The evolution of multicellularity set the stage for sustained increases in organismal complexity^1,2,3,4,5. However, a fundamental aspect of this transition remains largely unknown: how do simple clusters of cells evolve increased size when confronted by forces capable of breaking intracellular bonds? Here we show that multicellular snowflake yeast clusters^6,7,8 fracture due to crowding-induced mechanical stress. Over seven weeks (~291 generations) of daily selection for large size, snowflake clusters evolve to increase their radius 1.7-fold by reducing the accumulation of internal stress. During this period, cells within the clusters evolve to be more elongated, concomitant with a decrease in the cellular volume fraction of the clusters. The associated increase in free space reduces the internal stress caused by cellular growth, thus delaying fracture and increasing cluster size. This work demonstrates how readily natural selection finds simple, physical solutions to spatial constraints that limit the evolution of group size—a fundamental step in the evolution of multicellularity.

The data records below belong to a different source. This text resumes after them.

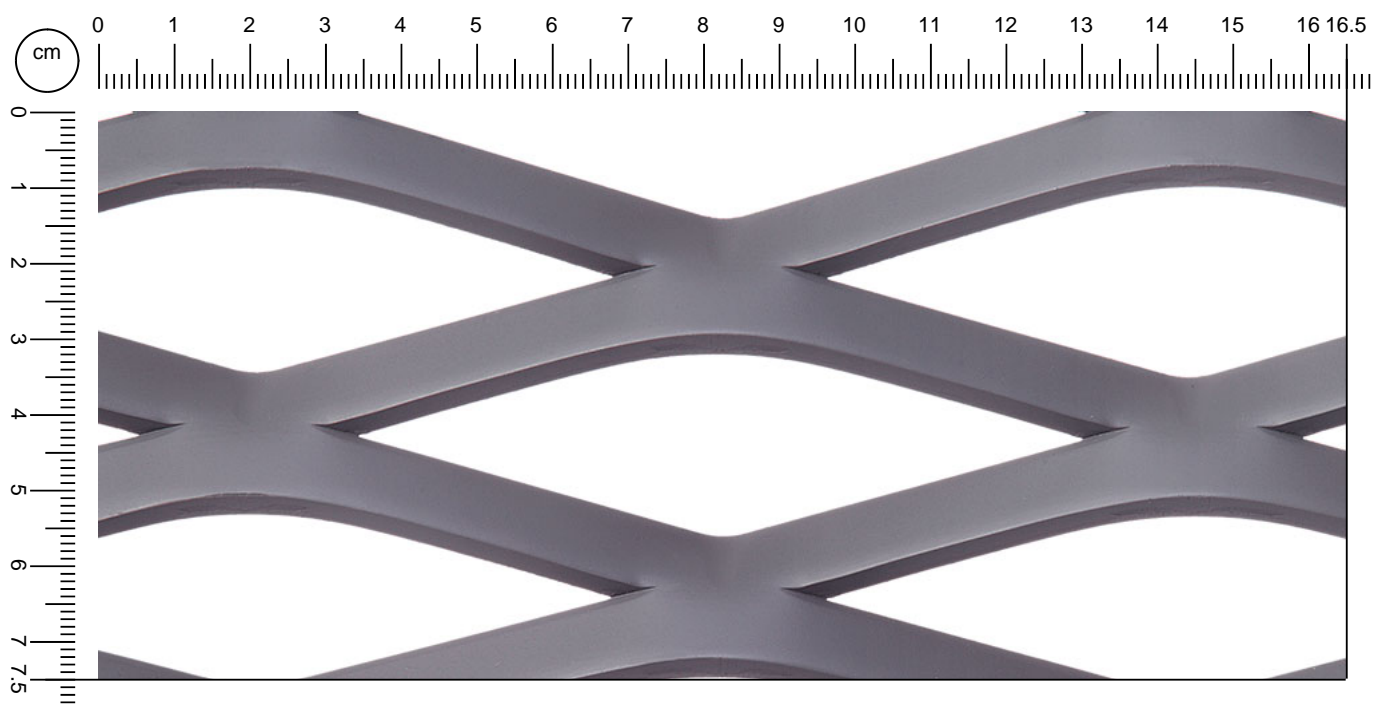

## Streckmetallroste

**Product data:**  
R 125 x 40 (43) - 12 x SD

Material	Nome	sp mm	Peso kg/m <sup>2</sup>	Tafel Auf anfrage
Stahl	R 125 x 40 (43) - 12 x 4	4,0	17,5	☑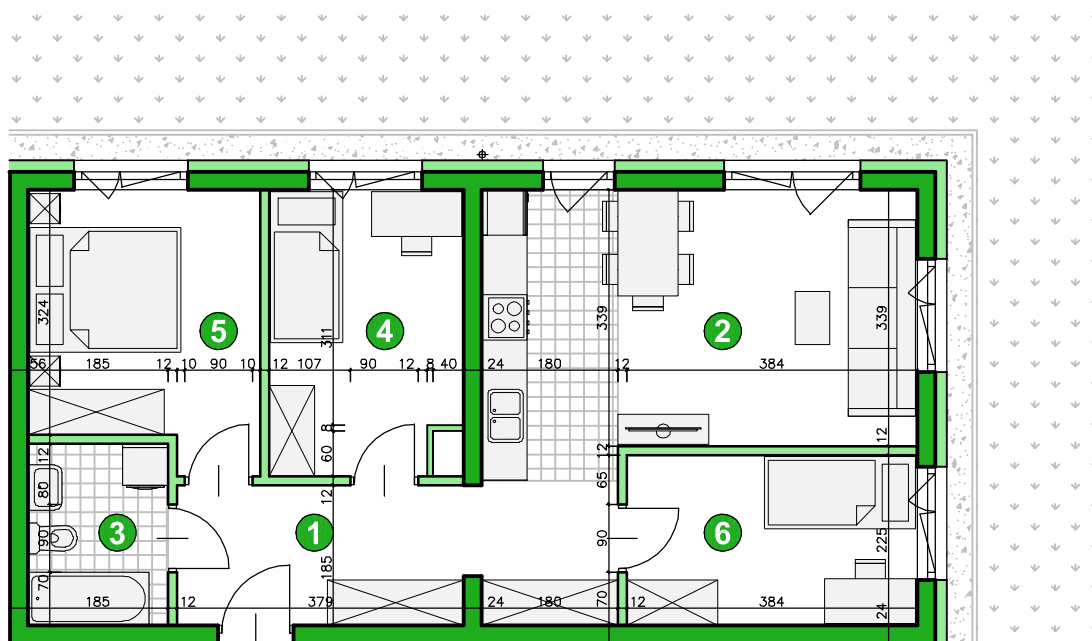

osiedle 
ŚWIERGOTKI
 ul. Świergotki i Przepiórki, Szczecin

KONDYGNACJA **PARTER**POKOJE **4**POWIERZCHNIA **62,63m²**

ZESTAWIENIE POWIERZCHNI

1	Korytarz	6,84m ²
2	Pokój dzienny z aneksem	23,45m ²
3	Łazienka	4,31m ²
4	Pokój	10,35m ²
5	Pokój	9,22m ²
6	Pokój	8,46m ²
	Razem	62,63m²
	Ogródek	95m ²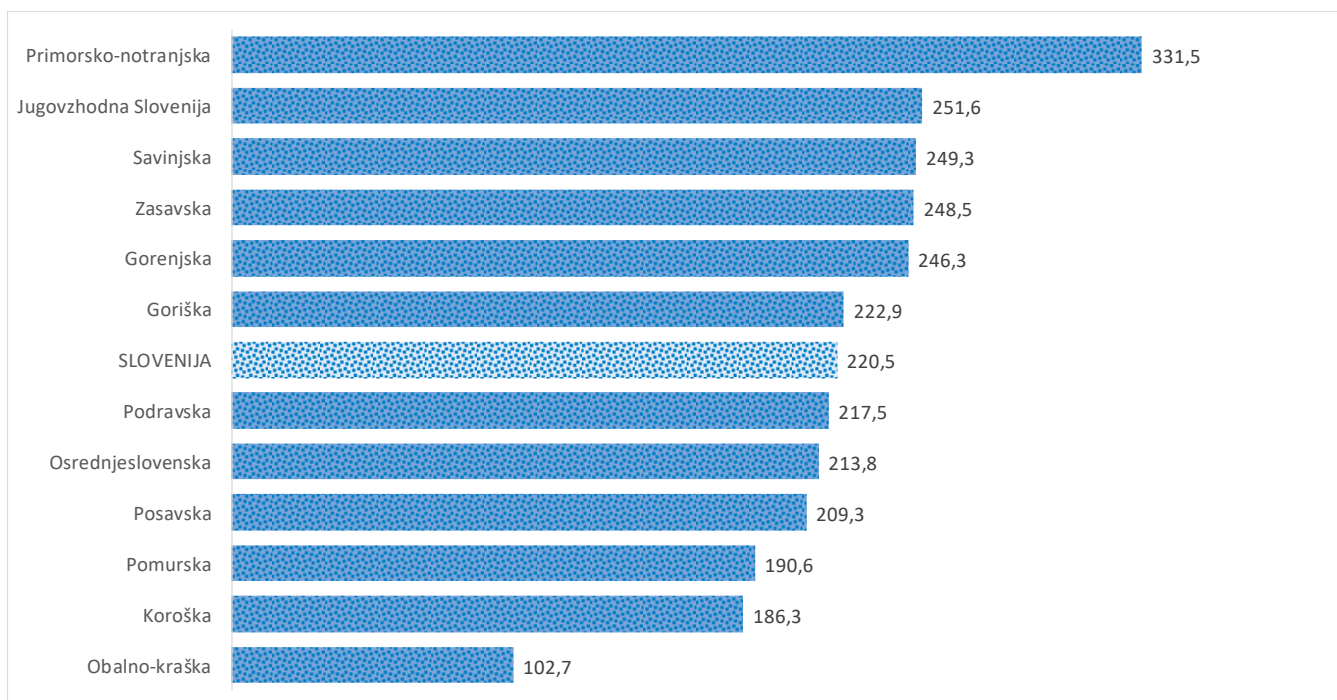

Kazalniki v skladu z odloki Vlade RS

Dnevno poročilo, stanje na dan 02.05.2021

Datum objave: 03.05. 2021

Sedem dnevno število potrjenih primerov na 100.000 prebivalcev Slovenije po statističnih regijah, 02.05.2021

Sedem dnevno povprečno število potrjenih primerov na 100.000 prebivalcev Slovenije po statističnih regijah, 02.05.2021

Sedem dnevno povprečno število potrjenih primerov v Sloveniji po statističnih regijah, 02.05.2021

14 dnevno število potrjenih primerov na 100.000 prebivalcev Slovenije po statističnih regijah, 02.05.2021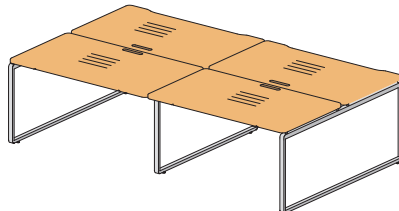

48S138  
1400x800x735

48S139  
2800x800x735

48S140  
4200x800x735

48S149  
1600x800x735

48S150  
3200x800x735

48S151  
4800x800x735

48S141  
1400x1626x735

48S142  
2800x1626x735

48S143  
4200x1626x735

48S156  
1600x1626x735

48S157  
3200x1626x735

48S158  
4800x1626x735

**Столы приставные**

1000x900x735      1000x900x738

состав изделия	столешница ДСтП	столешница MDF
Стол	изоб. 48B002	48B102
	зерк. 48B112	48B112

800x800x735      800x800x738

состав изделия	столешница ДСтП	столешница MDF
Стол	48B005	48B105

1100x800x735      1100x800x738

состав изделия	столешница ДСтП	столешница MDF
Стол	48B006	48B106

1300x800x735      1300x800x738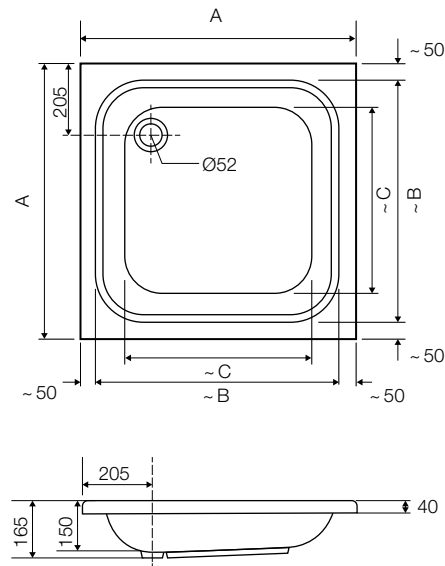

douchetub Diana acryl tub de douche Diana acrylique

art	omschrijving	description	A	B	C
123344	Diana acryl wit	Diana acrylique blanc	800	700	540
123346	Diana acryl wit	Diana acrylique blanc	900	800	640

omschrijving

- diepte 165 mm
- acryl 4 mm excl. versterking
- poten niet inbegrepen

description

- profondeur 165 mm
- acrylique de 4 mm, sans le renfort
- les pieds ne sont pas compris

多细胞的进化为生物体复杂性的持续增加奠定了基础^1,2,3,4,5 。然而，这种转变的一个基本方面仍然很大程度上未知：当面对能够破坏细胞内键的力时，简单的细胞簇如何进化出更大的尺寸？在这里，我们展示了多细胞雪花酵母簇^6、7、8由于拥挤引起的机械应力而断裂。经过七周（约 291 代）的日常选择，雪花簇通过减少内应力的积累而进化，使其半径增加了 1.7 倍。在此期间，簇内的细胞进化得更加伸长，同时簇的细胞体积分数减少。自由空间的相关增加减少了细胞生长引起的内应力，从而延迟了断裂并增加了簇尺寸。这项工作展示了自然选择如何轻松地找到简单的物理解决方案来解决限制群体规模进化的空间限制——这是多细胞进化的基本步骤。